We demonstrated how to derive a gene signature capable of detecting stem cell states and applied this signature to reproduce mRNAsi. The signature itself was stored into a file (pcbc-stemsig.tsv by default), allowing for additional downstream analyses, like the Gene Set Enrichment Analysis. The robustness of the signature was estimated through leave-one-out cross-validation that is automatically performed by the main.train() function. After stepping through the workflow, we encourage the reader to replace PanCan33 dataset with their own samples and modify main.predict() to derive the corresponding mRNAsi.

# References

Durinck, Steffen, Yves Moreau, Arek Kasprzyk, Sean Davis, Bart De Moor, Alvis Brazma, and Wolfgang Huber. 2005. “BioMart and Bioconductor: A Powerful Link Between Biological Databases and Microarray Data Analysis.” Bioinformatics 21 (16). Oxford Univ Press: 3439–40.
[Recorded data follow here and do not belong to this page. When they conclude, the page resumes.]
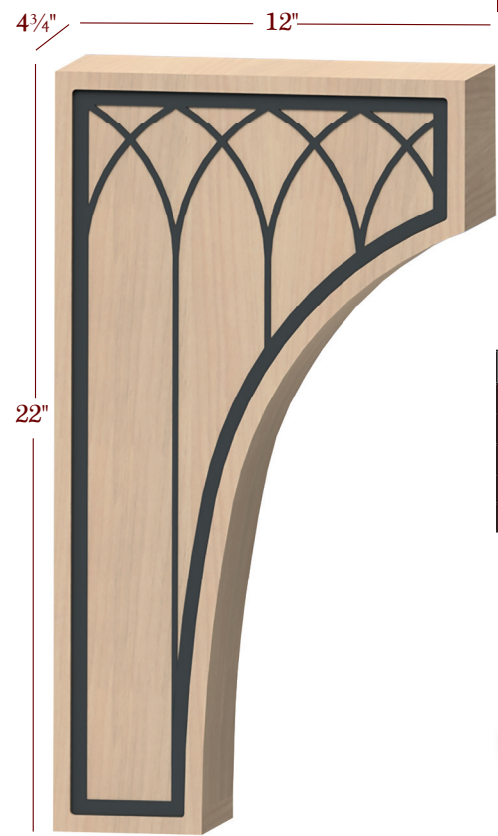

M-004-L-M06

M-004-XL-M06

Corbels

Item No.	Desc.	Tall	Deep	Wide
M-004-3WHC-M06	Hood Corbel with Metal Inlay	18"	16"	3"
M-004-4WHC-M06	Hood Corbel with Metal Inlay	18"	16"	4-3/4"
M-004-L-M06	Large Corbel with Metal Inlay	14"	8 1/2"	3"
M-004-OH-M06	Overhang Corbel with Metal Inlay	10"	10"	3"
M-004-XL-M06	Extra Large Corbel with Metal Inlay	22"	12"	4-3/4"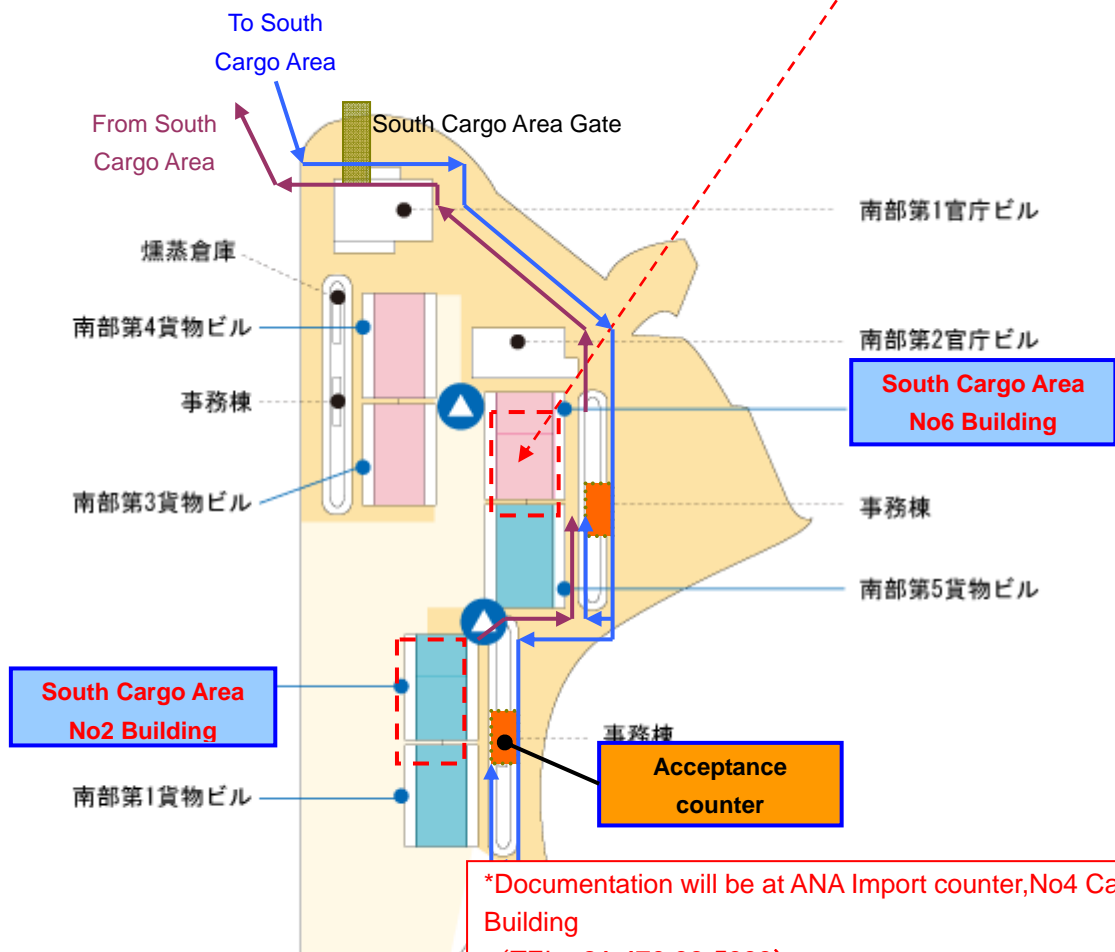

## Location of Narita Airport South Cargo Area No 2 / No 6 Building

\*Documentation will be at ANA Import counter, No4 Cargo Building  
(TEL:+81-476-32-5000)

\*Contents Check will be at Acceptance counter in front of **South Cargo Area No2 Building**  
(TEL +81-476-32-1725)

\*\*Please be careful that No4 cargo building and South Cargo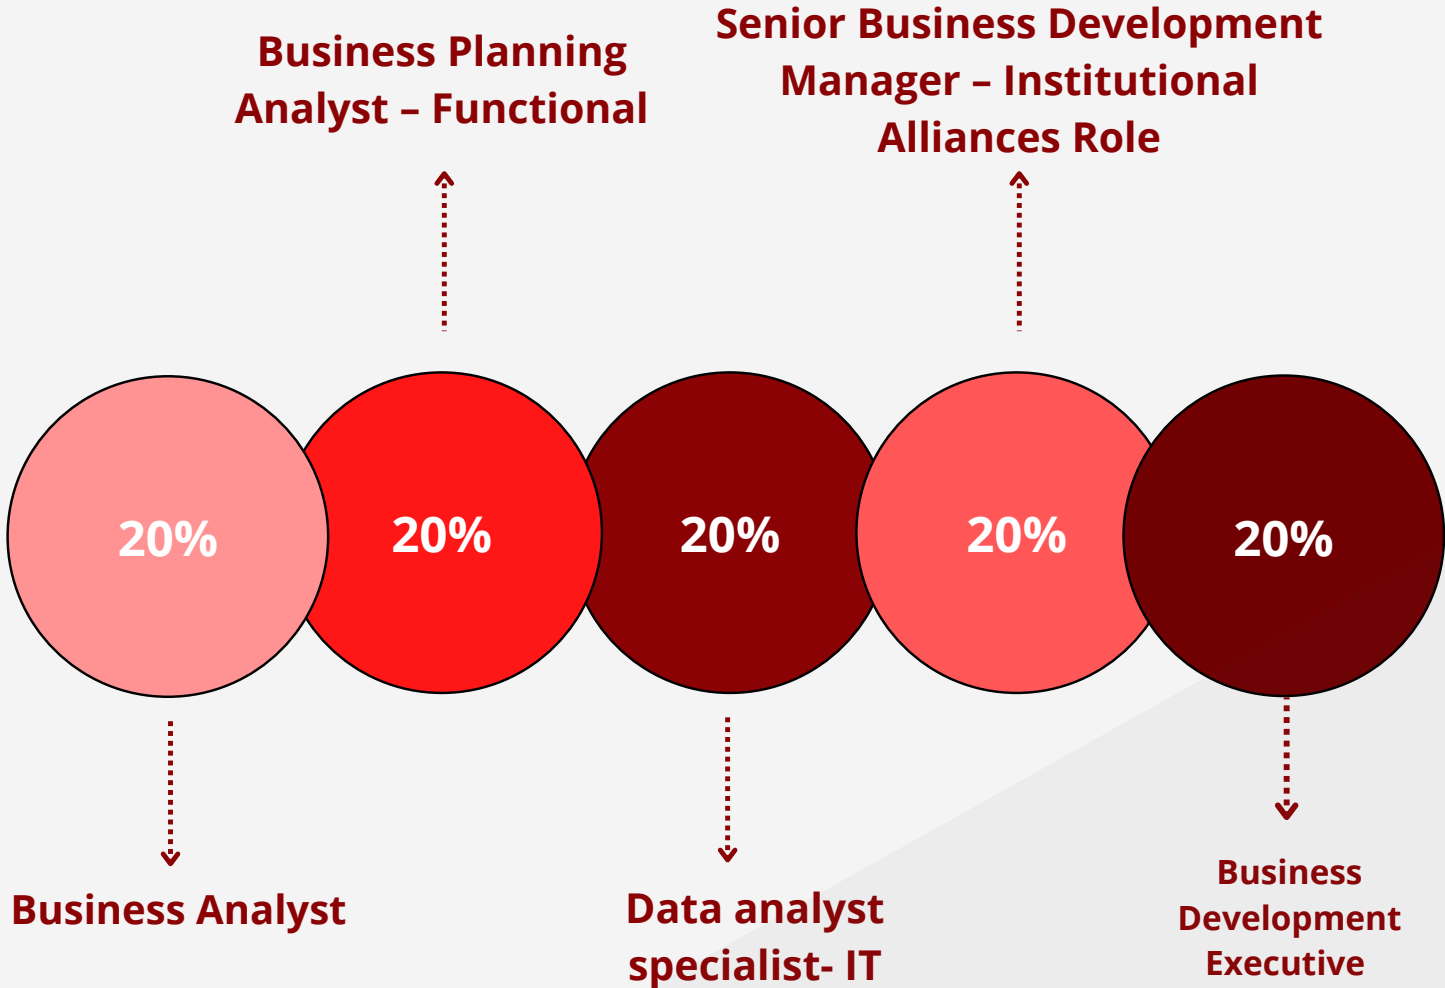

Streamwise Profiles - Final Placements

MBA Tech AY 2017-22

BIA

Durinck, Steffen, Paul T Spellman, Ewan Birney, and Wolfgang Huber. 2009. “Mapping Identifiers for the Integration of Genomic Datasets with the R/Bioconductor Package biomaRt.” Nature Protocols 4 (8). Nature Publishing Group: 1184–91.

Sokolov, Artem, Daniel E Carlin, Evan O Paull, Robert Baertsch, and Joshua M Stuart. 2016. “Pathway-Based Genomics Prediction Using Generalized Elastic Net.” PLoS Comput Biol 12 (3). Public Library of Science: e1004790.

Yates, Andrew, Wasiu Akanni, M Ridwan Amode, Daniel Barrell, Konstantinos Billis, Denise Carvalho-Silva, Carla Cummins, et al. 2015. “Ensembl 2016.” Nucleic Acids Research. Oxford Univ Press, gkv1157.